## WORK TO COMPLETE:
Repeat the data verbatim, images excluded.

## DATA EXCERPTS:
————

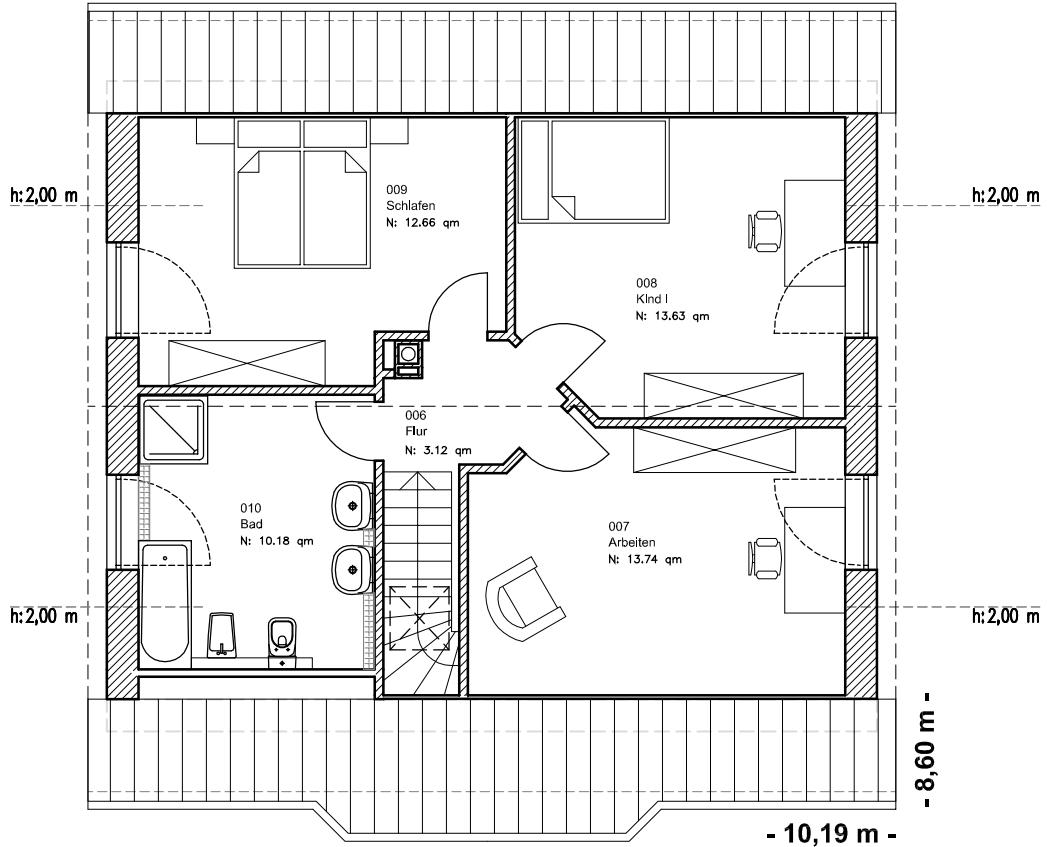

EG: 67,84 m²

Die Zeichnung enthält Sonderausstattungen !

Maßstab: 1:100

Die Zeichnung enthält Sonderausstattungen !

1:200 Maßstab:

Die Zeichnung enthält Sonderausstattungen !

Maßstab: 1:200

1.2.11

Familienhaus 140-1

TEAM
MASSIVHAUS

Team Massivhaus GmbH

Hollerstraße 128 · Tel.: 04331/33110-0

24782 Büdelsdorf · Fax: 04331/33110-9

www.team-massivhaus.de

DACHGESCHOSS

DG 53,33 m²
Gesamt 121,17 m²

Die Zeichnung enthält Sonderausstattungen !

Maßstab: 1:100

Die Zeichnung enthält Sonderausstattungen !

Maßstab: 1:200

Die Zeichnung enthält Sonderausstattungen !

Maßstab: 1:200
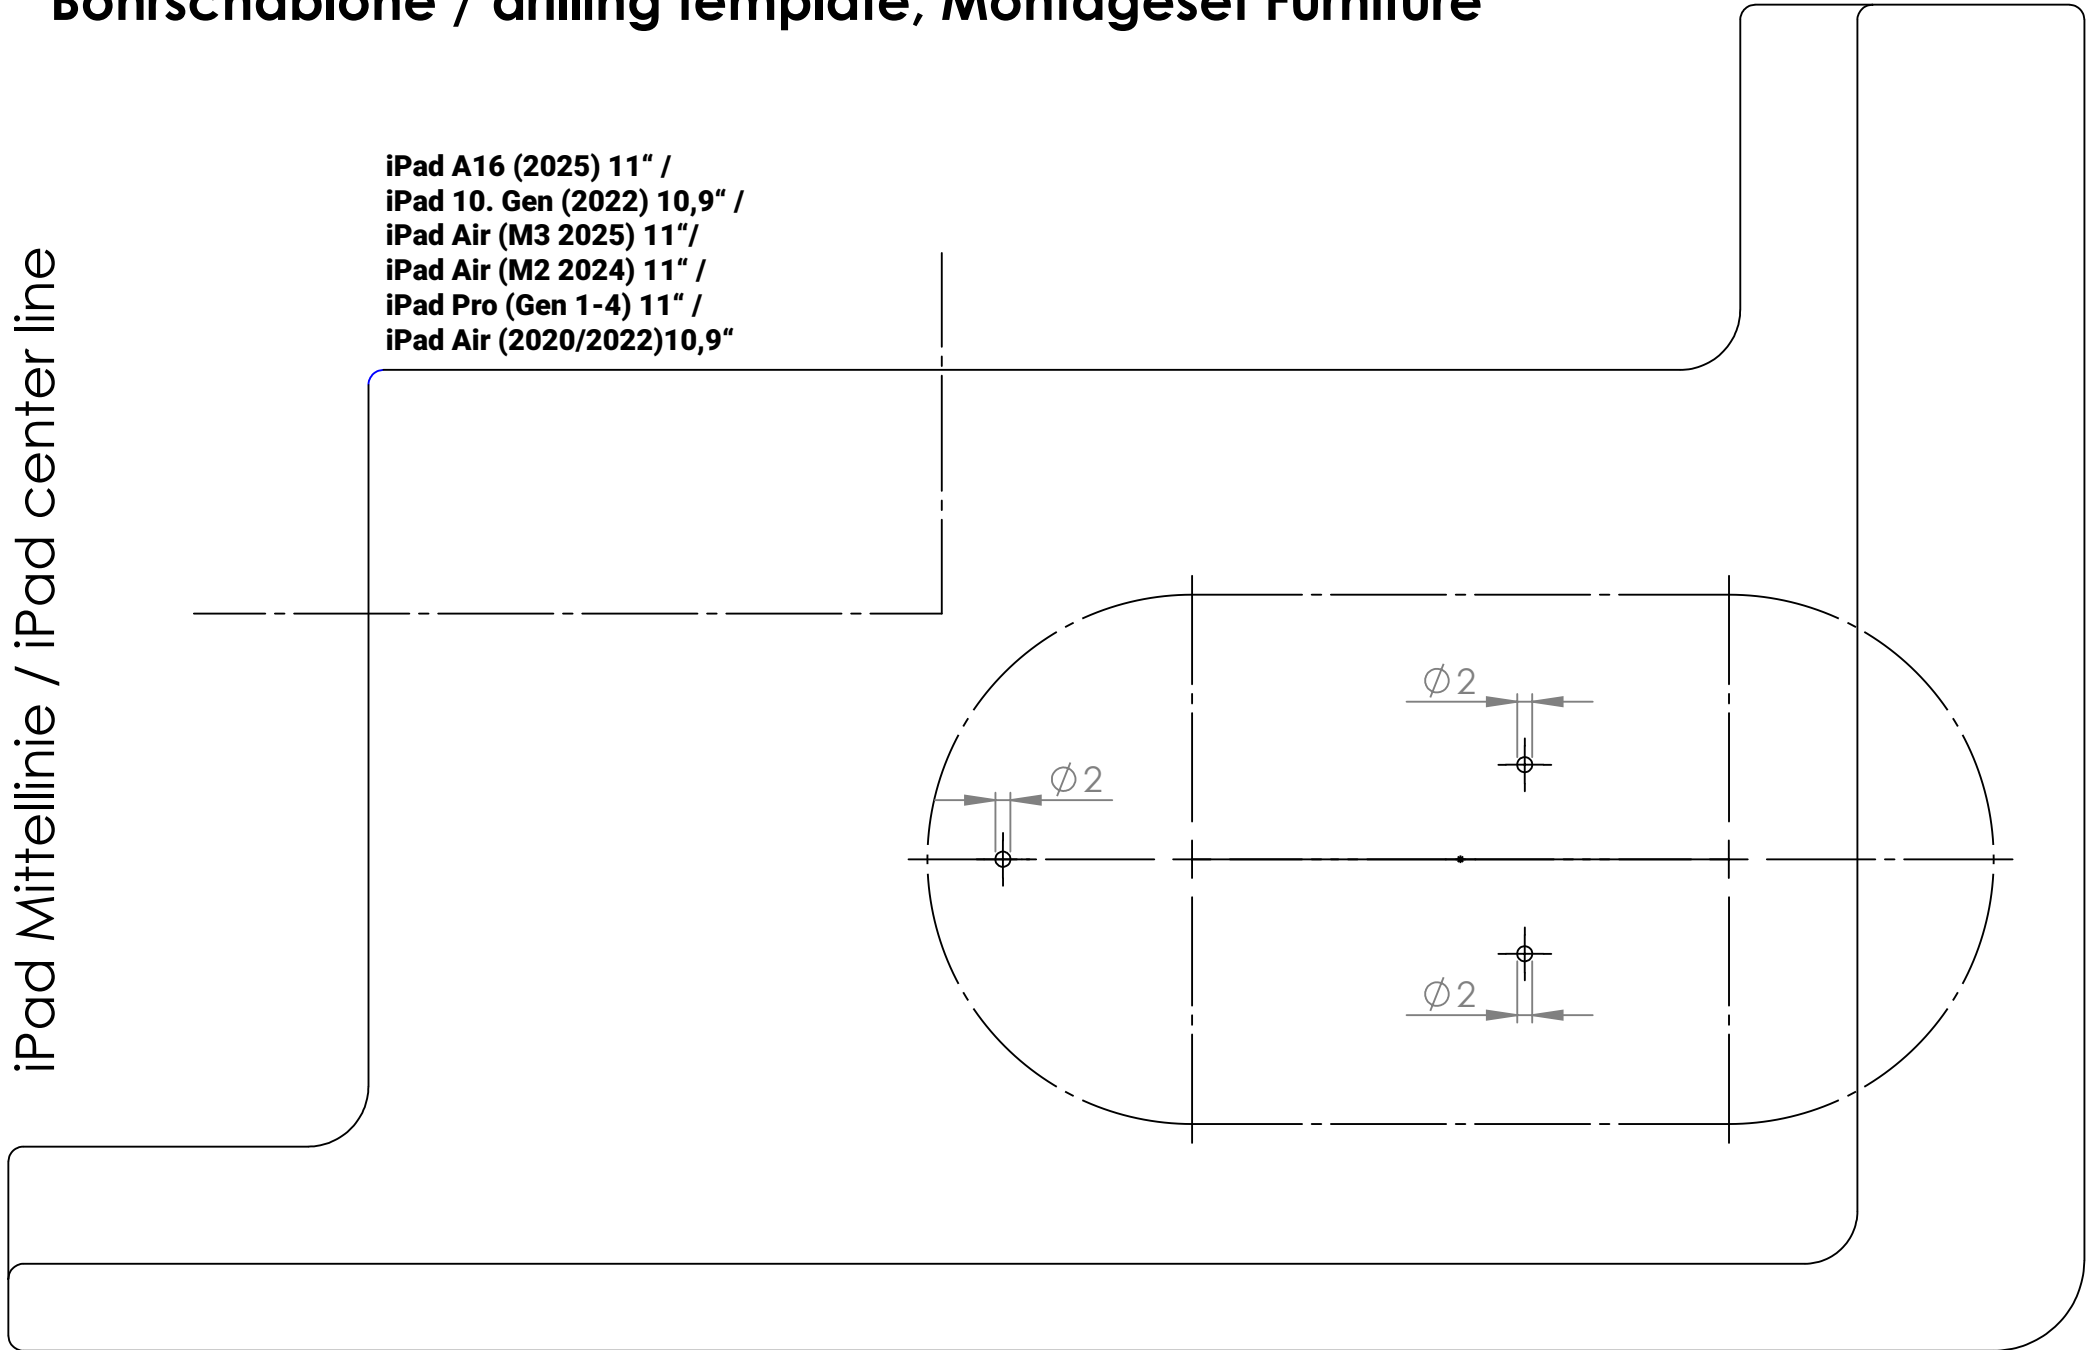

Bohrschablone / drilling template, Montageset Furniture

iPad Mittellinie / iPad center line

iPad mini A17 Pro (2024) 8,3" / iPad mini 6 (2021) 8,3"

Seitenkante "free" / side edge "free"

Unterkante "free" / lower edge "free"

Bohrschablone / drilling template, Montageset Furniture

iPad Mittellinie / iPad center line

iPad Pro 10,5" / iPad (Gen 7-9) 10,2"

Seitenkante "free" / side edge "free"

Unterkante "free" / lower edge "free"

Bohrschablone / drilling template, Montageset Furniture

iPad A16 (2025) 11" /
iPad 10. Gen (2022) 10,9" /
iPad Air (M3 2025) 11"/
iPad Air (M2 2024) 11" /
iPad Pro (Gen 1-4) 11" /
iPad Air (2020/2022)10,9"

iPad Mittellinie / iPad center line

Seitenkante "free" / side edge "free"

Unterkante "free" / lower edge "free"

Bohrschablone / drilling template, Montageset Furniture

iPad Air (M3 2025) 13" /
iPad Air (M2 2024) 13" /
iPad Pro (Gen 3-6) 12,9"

————

## SOLUTION FOR THIS TASK:
EG: 67,84 m²

Die Zeichnung enthält Sonderausstattungen !

Maßstab: 1:100

Die Zeichnung enthält Sonderausstattungen !

1:200 Maßstab:

Die Zeichnung enthält Sonderausstattungen !

Maßstab: 1:200

1.2.11

Familienhaus 140-1

TEAM
MASSIVHAUS

Team Massivhaus GmbH

Hollerstraße 128 · Tel.: 04331/33110-0

24782 Büdelsdorf · Fax: 04331/33110-9

www.team-massivhaus.de

DACHGESCHOSS

DG 53,33 m²
Gesamt 121,17 m²

Die Zeichnung enthält Sonderausstattungen !

Maßstab: 1:100

Die Zeichnung enthält Sonderausstattungen !

Maßstab: 1:200

Die Zeichnung enthält Sonderausstattungen !

Maßstab: 1:200

Bohrschablone / drilling template, Montageset Furniture

iPad Mittellinie / iPad center line

iPad mini A17 Pro (2024) 8,3" / iPad mini 6 (2021) 8,3"

Seitenkante "free" / side edge "free"

Unterkante "free" / lower edge "free"

Bohrschablone / drilling template, Montageset Furniture

iPad Mittellinie / iPad center line

iPad Pro 10,5" / iPad (Gen 7-9) 10,2"

Seitenkante "free" / side edge "free"

Unterkante "free" / lower edge "free"

Bohrschablone / drilling template, Montageset Furniture

iPad A16 (2025) 11" /
iPad 10. Gen (2022) 10,9" /
iPad Air (M3 2025) 11"/
iPad Air (M2 2024) 11" /
iPad Pro (Gen 1-4) 11" /
iPad Air (2020/2022)10,9"

iPad Mittellinie / iPad center line

Seitenkante "free" / side edge "free"

Unterkante "free" / lower edge "free"

Bohrschablone / drilling template, Montageset Furniture

iPad Air (M3 2025) 13" /
iPad Air (M2 2024) 13" /
iPad Pro (Gen 3-6) 12,9"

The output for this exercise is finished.